One of the major advantages of cloned stem cells is that they would enable scientists to create accurate models of a disease without first determining the underlying genetics. “With a lot of sporadic diseases, we know there is a genetic component, but it’s not clear what it is or how it contributes to the development of the disease,” says Larry Goldstein, a neuroscientist at UCSD who studies Alzheimer’s disease. “We have a lot of hypotheses, and I think this methodology will put us in a position to test those hypotheses. And if one is correct, we’ll have a direction to go for therapy.”

A stem cell model of Alzheimer’s would also allow scientists to study what the disease does before symptoms appear and perhaps create early-diagnostic tests. By the time an Alzheimer’s patient goes to the doctor with cognitive problems, the brain is significantly – and possibly irreversibly – damaged. “Studying the brains of people who have already died is like studying a plane crash after the plane hit the ground – you’re looking at the wreckage,” says Goldstein. “We want to look at the black box of Alzheimer’s disease. What happens in those cells before the crash?”

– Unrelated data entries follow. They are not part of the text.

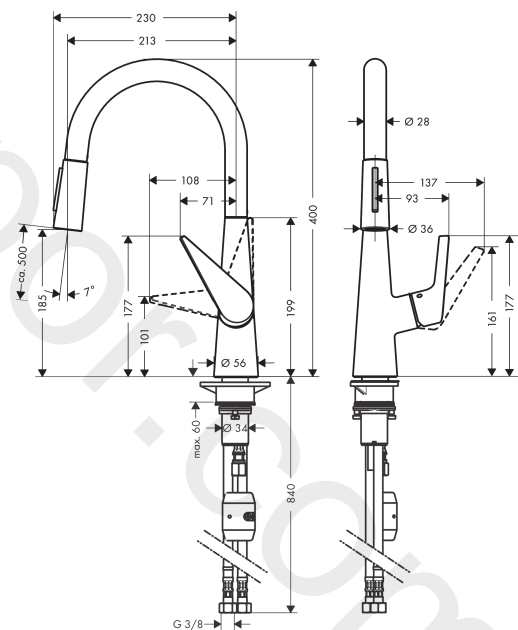

Scale drawing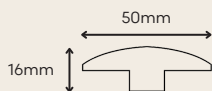

MEL02713
Coastal Vibe

MEL02714
Obsidian

MEL02715
Smoked Bourbon

MEL02717
Tavern

MEL02712
Bison

Coordinating Moldings | 75" Length

T-Mold

Flush Reducer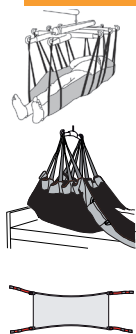

Horizontal lifting/Turning

Art. No.	Product name	Material / Description	SWL	Size	Rec user weight	Lenght	Width
46502007	StretcherSling	polyester	300 kg / 660 lbs	one size	50-200 kg / 110-441 lbs	180 cm / 71"	86 cm / 34"
46592007	StretcherSling	disposable, non-woven	300 kg / 660 lbs	one size	50-200 kg / 110-441 lbs	180 cm / 71"	86 cm / 34"
47522007	SafeHandlingSheet	polyester net	300 kg / 660 lbs	L	50-300 kg / 110-661 lbs	240 cm / 94"	115 cm / 45"
47542007	SafeHandlingSheet	pol.net/WL4W	300 kg / 660 lbs	L	50-300 kg / 110-661 lbs	240 cm / 94"	115 cm / 45"
47502008	SafeHandlingSheet	polyester	400 kg / 900 lbs	XL	50-400 kg / 110-881 lbs	240 cm / 94"	115 cm / 45"
47502009	SafeHandlingSheet	polyester, <i>reinf.</i>	570 kg / 1250 lbs	XXL	50-570 kg / 110-1257 lbs	240 cm / 94"	130 cm / 51"
47512006	SafeHandlingSheet	disposable, <i>cotton</i>	300 kg / 660 lbs	M	50-300 kg / 110-661 lbs	175 cm / 69"	112 cm / 44"
47512007	SafeHandlingSheet	disposable, <i>cotton</i>	300 kg / 660 lbs	L	50-300 kg / 110-661 lbs	220 cm / 87"	135 cm / 53"
47512008	SafeHandlingSheet	disposable, <i>cotton</i>	400 kg / 900 lbs	XL	50-300 kg / 110-661 lbs	220 cm / 87"	135 cm / 53"
47512009	SafeHandlingSheet	disposable, <i>cotton</i>	570 kg / 1250 lbs	XXL	50-300 kg / 110-661 lbs	220 cm / 87"	160 cm / 63"
49592000	TurningSling, <i>two loops</i>	disposable, non-woven	250 kg / 550 lbs	one size	50-250 kg / 110-551 lbs	-	-
49592005	TurningSling, <i>one loop</i>	disposable, non-woven	250 kg / 550 lbs	one size	50-250 kg / 110-551 lbs	-	-

Rising/Standing with MiniLift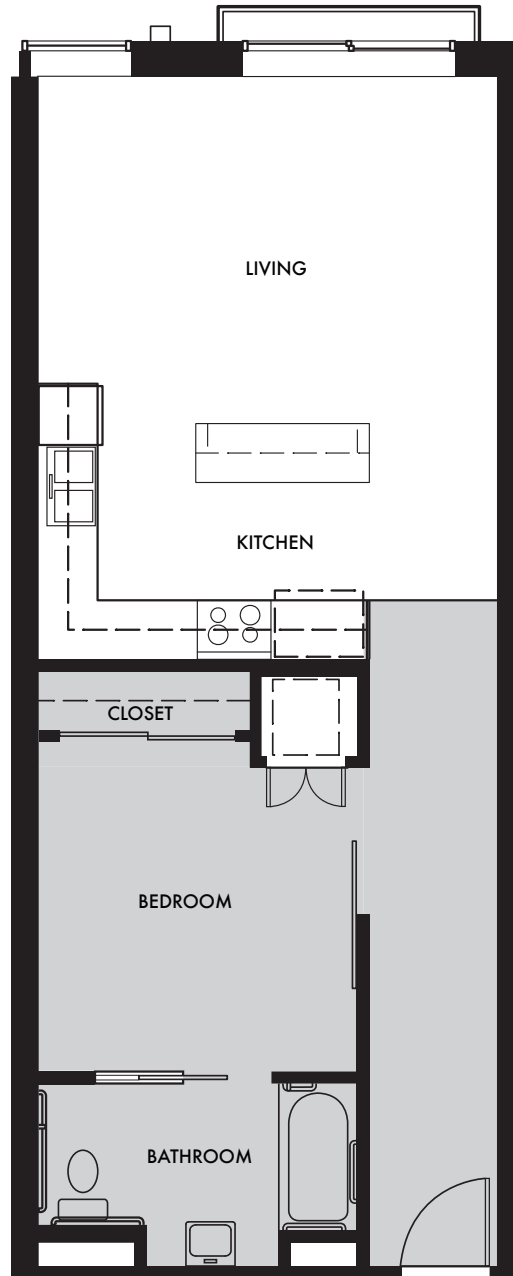

FLOOR 3 PLAN C.H.C.

UNIT 303
1 BED / 1 BATH
LIVING SPACE: 693 SF

The unit or units shown hereon are merely approximations and do not necessarily reflect the actual as-built conditions of the same. The as-built dimension and size of the unit or units may vary from the dimension and size reflected hereon. Drawing is not to scale. Furnishings are not included.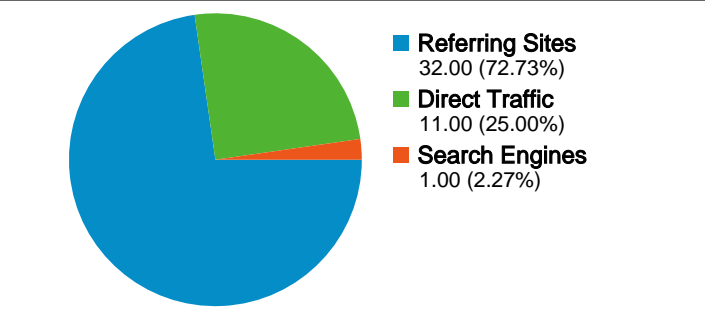

Traffic Sources Overview

Content Overview

Pages	Pageviews	% Pageviews
/indexhu.html	63	44.37%
/	47	33.10%
/indexsr.html	27	19.01%
/indexsl.html	3	2.11%
/index.html	1	0.70%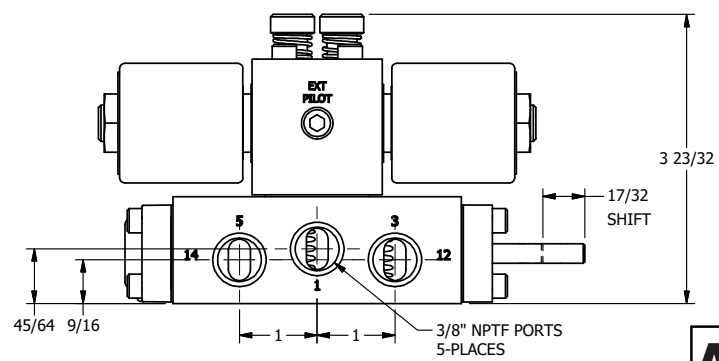

4

3

2

1

ISO 4400 DIN CONNECTION

4

3

2

AAA
PRODUCTS
INTERNATIONAL

**AAA PRODUCTS
INTERNATIONAL**
7114 Harry Hines Blvd
Dallas, TX 75235

TITLE: 3/8" SIDE PORT, DBL SOL, 2 POS,
FRCTN POS, SOL RTRN, ISO 4400 DIN,
LCKNG OVRD, TPD VENT, THD PIN

DRAWING NO.:
DIM_SS3EDOTK

To search for early signs of the disorder, scientists could generate stem cells using DNA from an Alzheimer’s patient, then prod the cells to differentiate into neurons, monitoring them for the production of specific proteins or other molecular changes not seen in neurons derived from healthy embryonic stem cells. The same approach might work with cancer, which is characterized by a series of harmful genetic changes. “We want to know what’s the earliest you can detect differences in disease cells,” says Renee A. Reijo Pera, codirector of UCSF’s human-embryonic-stem-cell biology program.

Cloned stem cells may also provide a much more effective way to test drugs. “Very often the animal models that exist for a particular disease really don’t authentically replicate what’s going on in a human,” says Snyder. Using models based on stem cells, scientists could test drugs at different stages of disease, searching for compounds that could prevent a person at risk for, say, Alzheimer’s, from ever developing the disease in the first place, or for compounds that stop or reverse the progression of damage in people who already have the disease.

Snyder eventually hopes to create stem cell models of many different neurodegenerative diseases. His first step, in collaboration with Friedmann, will be to use the frozen skin cells housed at UCSD to create stem cells with Lesch-Nyhan disease. Snyder originally hoped Hwang would teach him the cloning process. But now the scientists plan to embark on the therapeutic-cloning project on their own and are working on getting regulatory approval and state or private funding.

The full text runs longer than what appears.